I am trying to build a conditional CNN
model. The model is,
At the first stage
of my model, I feed my data to Model 1
then, based on the prediction of Model 1
, I want to train the model to Conditional Cat model or Conditional Dog model
and finally, give the output from Conditional Cat model or Conditional Dog model. How Can I do this?
Note: My effort is,
import keras
from keras.layers import *
from keras.models import *
from keras.utils import *
img_rows,img_cols,number_of_class = 256,256,2
input = Input(shape=(img_rows,img_cols,3))
#----------- main model (Model 1) ------------------------------------
conv_01 = Convolution2D(64, 3, 3, activation='relu',name = 'conv_01') (input)
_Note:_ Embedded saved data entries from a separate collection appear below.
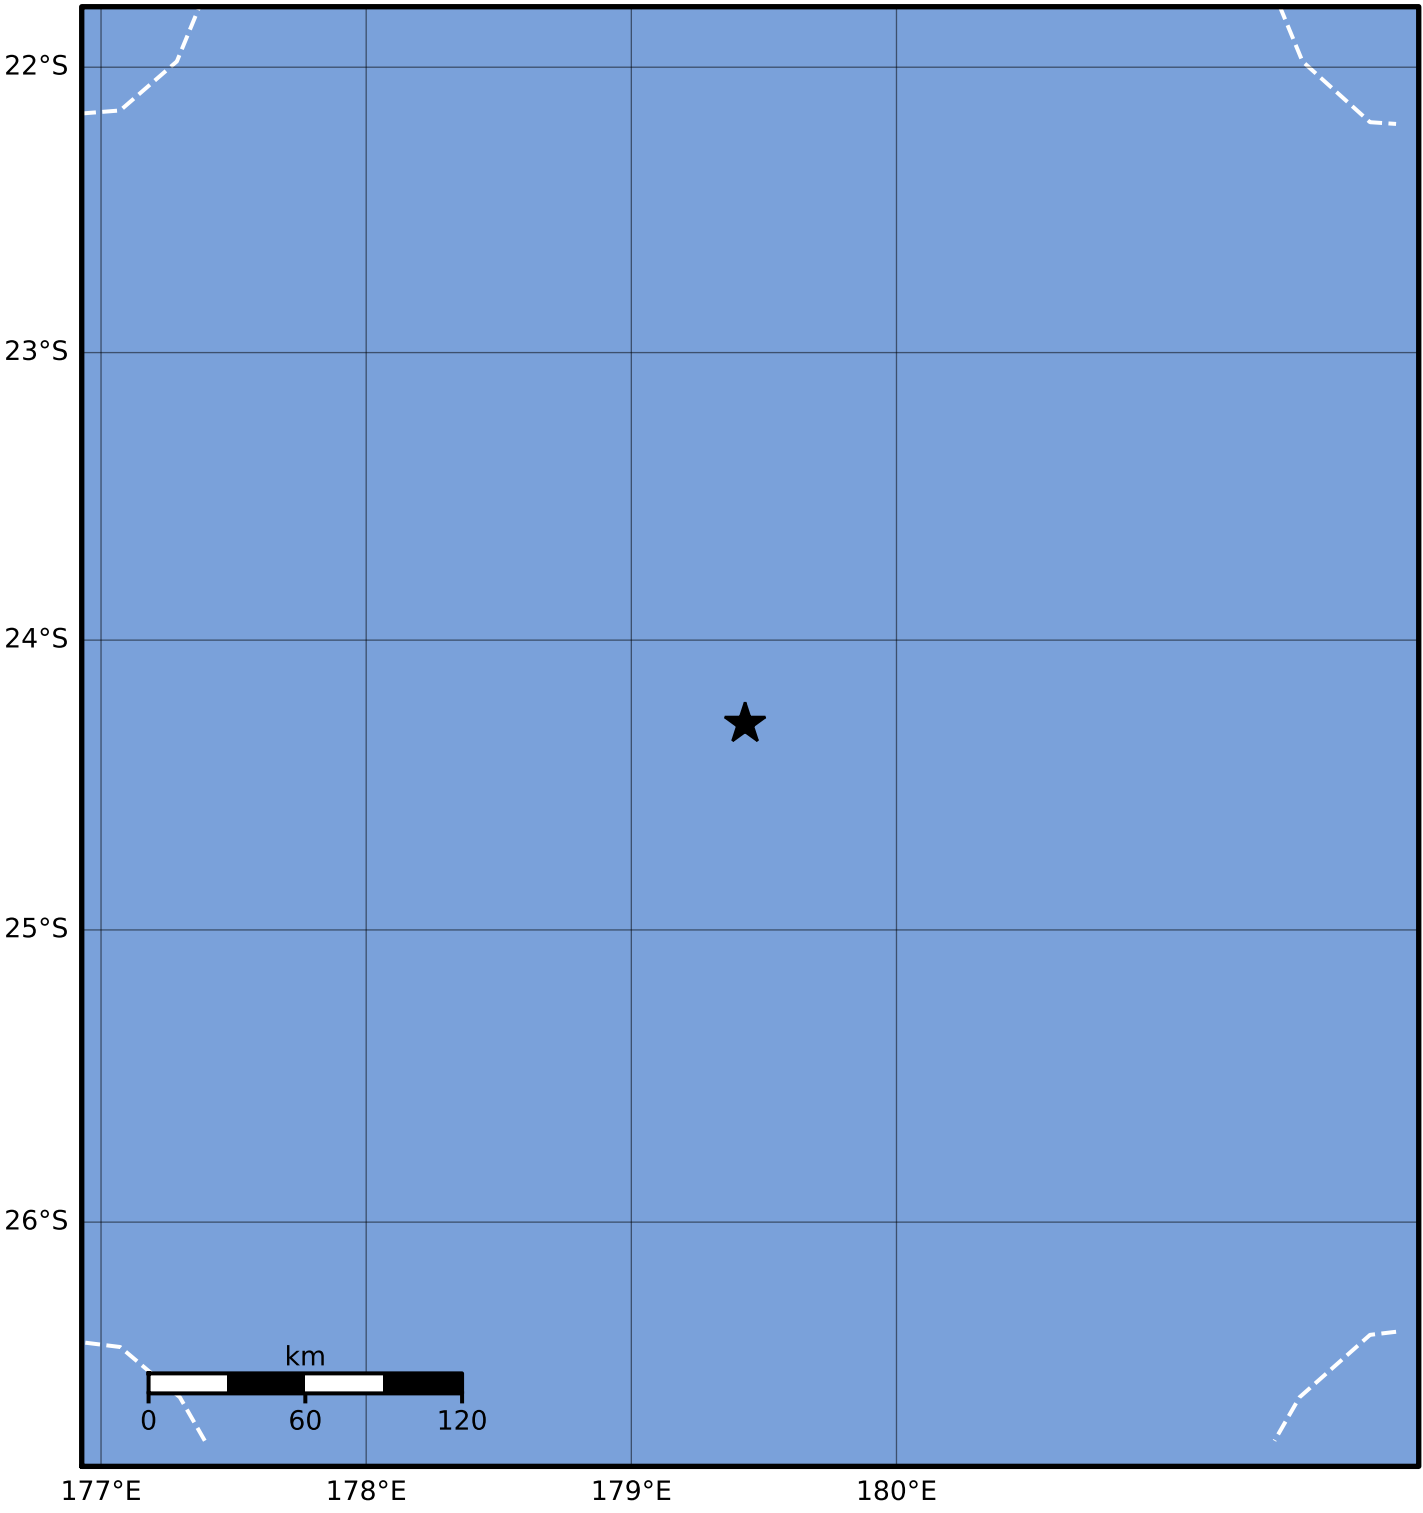

Peak Ground Velocity Map GNS Science
 ShakeMap: South Fiji Basin
 Dec 16, 2023 06:10:53 UTC M5.4 S24.29 E179.43 Depth: 536.2km ID:2023p943943

PGV (cm/s)	0.1	0.2	0.5	1	2	5	10	20	50	100	200
-------------------	------------	------------	------------	----------	----------	----------	-----------	-----------	-----------	------------	------------

Scale based on Moratalla et al.(2021) and Worden et al.(2012) Version 4: Processed 2023-12-16T06:30:33Z

△ Seismic Instrument ○ Reported Intensity ★ Epicenter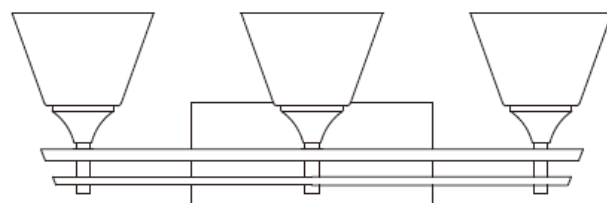

PARK HARBOR™

McBryde

Bath Vanity

PHVL2231BN/ORB/PC
PHVL2232BN/ORB/PC
PHVL2233BN/ORB/PC

- 1, 2 or 3-Light Vanity in Brushed Nickel, Oil Rubbed Bronze or Polished Chrome
- No special tools needed for assembly
- Mount in up or down position
- Wattage:

PHVL2231BN/ORB/PC: Uses one 100W medium base lamp max

PHVL2232BN/ORB/PC: Uses two 100W medium base lamps max

PHVL2233BN/ORB/PC: Uses three 100W medium base lamps max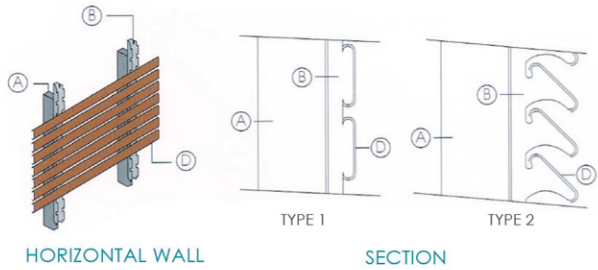

PRODUCT CATALOGUE | iMETAL LOUVRES & FACADE

DRIVING SCHOOL, MATANG
CITYVENT™

CITYVENT™

PROFILE

TYPICAL SECTION

- A = SUPPORTING STRUCTURE
- B = G.I CARRIER
- D = CITYVENT™

PROFILE	THICKNESS	PAINT SYSTEM	COATING SYSTEM
iMETAL CITYVENT™	0.48MM TCT	KRISTALMATT SERIES™ ELITE SERIES™ PREMIUM SERIES™	AZ 150

AEON MALL KUCHING CENTRAL, KUCHING

LASER CUTTER

PROFILE	THICKNESS	PAINT SYSTEM	COATING SYSTEM
iMETAL FACADE	2.5MM - 6MM	POWDER COATED TO AAMA 2604	ALUMINIUM

MASJID DARUL HANA, KUCHING

PROTON 4S CENTRE, SABAH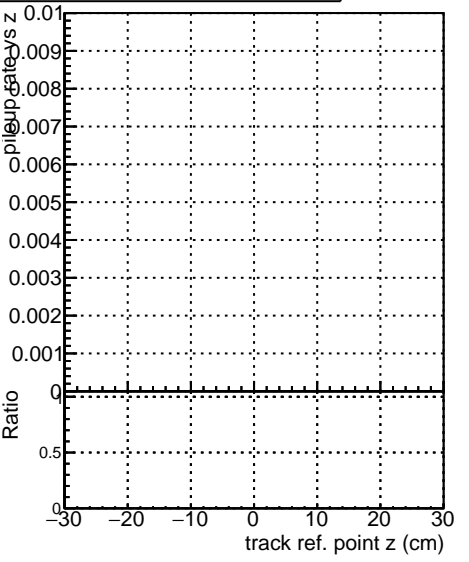

Fake rate vs vertpos**Duplicates Rate vs vertpos****Pileup rate vs vertpos**
Fake rate vs v
 —●— SoftQCD_default
 —◆— SoftQCD_ckfPixelLessStep
**Fake rate vs. sim PV z****Duplicates Rate vs sim PV z****Pileup rate vs. sim PV z**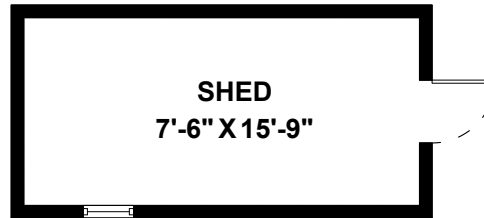

750 Princess Avenue Vancouver, BC

STONEHOUSE
TEAM

Rick Stonehouse PREC*
Dwayne Launt PREC*
Shaun Gregory PREC*
Krystian Thomas

FT 0 1 2 3
M 0 1

Main Floor: 911 Sq.Ft.
Ceiling Height: 9'-4"

Upper Floor: 699 Sq.Ft.
Ceiling Height: 8"

Main Floor	911 SQ.FT.
Upper Floor	699 SQ.FT.
Top Floor	190 SQ.FT.
Total	1800 SQ.FT.

Deck	28 SQ.FT.
Porch	142 SQ.FT.
Shed	142 SQ.FT.
Total Extras	312 SQ.FT.

Open To Below	11 SQ.FT.
Restricted Headroom	93 SQ.FT.

Top Floor: 190 Sq.Ft.
Ceiling Height: 7'-8"

conv_02 = Convolution2D(64, 3, 3, activation='relu',name = 'conv_02') (conv_01)
skip_dog = conv_02
conv_03 = Convolution2D(64, 3, 3, activation='relu',name = 'conv_03') (conv_02)
skip_cat = conv_03
conv_04 = Convolution2D(64, 3, 3, activation='relu',name = 'conv_04') (conv_03)
flatten_main_model = Flatten() (conv_04)
Output_main_model = Dense(units = number_of_class , activation = 'softmax', name = "Output_layer")(flatten_main_model)
#----------- Conditional Cat model ------------------------------------
conv_05 = Convolution2D(64, 3, 3, activation='relu',name = 'conv_05') (skip_cat)
flatten_cat_model = Flatten() (conv_05)
Output_cat_model = Dense(units = number_of_class , activation = 'softmax', name = "Output_layer_cat")(flatten_cat_model)
#----------- Conditional Dog model ------------------------------------
conv_06 = Convolution2D(64, 3, 3, activation='relu',name = 'conv_06') (skip_dog)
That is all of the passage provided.